For this tutorial, we will generate synthetic univariate time series data. The data will consist of three clusters, each generated from a different polynomial function with added Gaussian noise. The input DataFrame should be a so-called "long" format, with columns for the individual ID, time points, and observed values.

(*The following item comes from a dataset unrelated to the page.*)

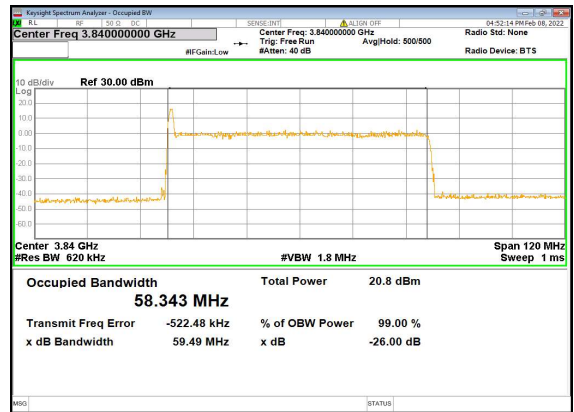

n77(60M)_CP-OFDM_QPSK_Outer_Full_Low_CH

n77(60M)_DFT-s-OFDM_PI_2-BPSK_Outer_Full_Mid_CH

n77(60M)_DFT-s-OFDM_QPSK_Outer_Full_Mid_CH

n77(60M)_DFT-s-OFDM_16QAM_Outer_Full_Mid_CH

n77(60M)_DFT-s-OFDM_64QAM_Outer_Full_Mid_CH

# Set random seed for reproducibility
using Random
Random.seed!(1234)

# Generate time points
individuals_per_group = [20, 30]
t_values = 0:0.1:10
n_groups = 2

group_coefficients = [ [2.0, -0.5, 0.05],  # Group 1: y = 2 - 0.5*t + 0.05*t^2
                       [1.0, 0.3, -0.02] ] # Group 2: y = 1 + 0.3*t - 0.02*t^2

ids = Int[]
timepoints = Float64[]
measurements = Float64[]
for group in 1:n_groups
    id_start = sum(individuals_per_group[1:group-1]) + 1
    id_end = sum(individuals_per_group[1:group])
    for individual in id_start:id_end
        for t in t_values
            y = group_coefficients[group][1] + group_coefficients[group][2]*t + group_coefficients[group][3]*t^2 + randn()*0.25
            push!(ids, individual)
            push!(timepoints, t)
            push!(measurements, y)
        end
    end
end

input_data = DataFrame(id = ids, time = timepoints, value = measurements)
first(input_data, 5)  # Display the first 5 rows of the DataFrame
5×3 DataFrame
Rowidtimevalue
Int64Float64Float64
110.01.91007
210.12.2223
310.21.7971
410.32.03423
510.41.91306

Here you can see the first few rows of the generated DataFrame. Each row corresponds to a measurement for a specific individual at a specific time point. The internal structure of the model takes care of the bookkeeping during the fitting process.

Fitting a Temporal Mixture Model

Now that we have our synthetic data, we can fit a temporal mixture model using the fit! function. We will use a polynomial regression model as the component model for this example. We will specify the number of components (clusters) we expect in the data.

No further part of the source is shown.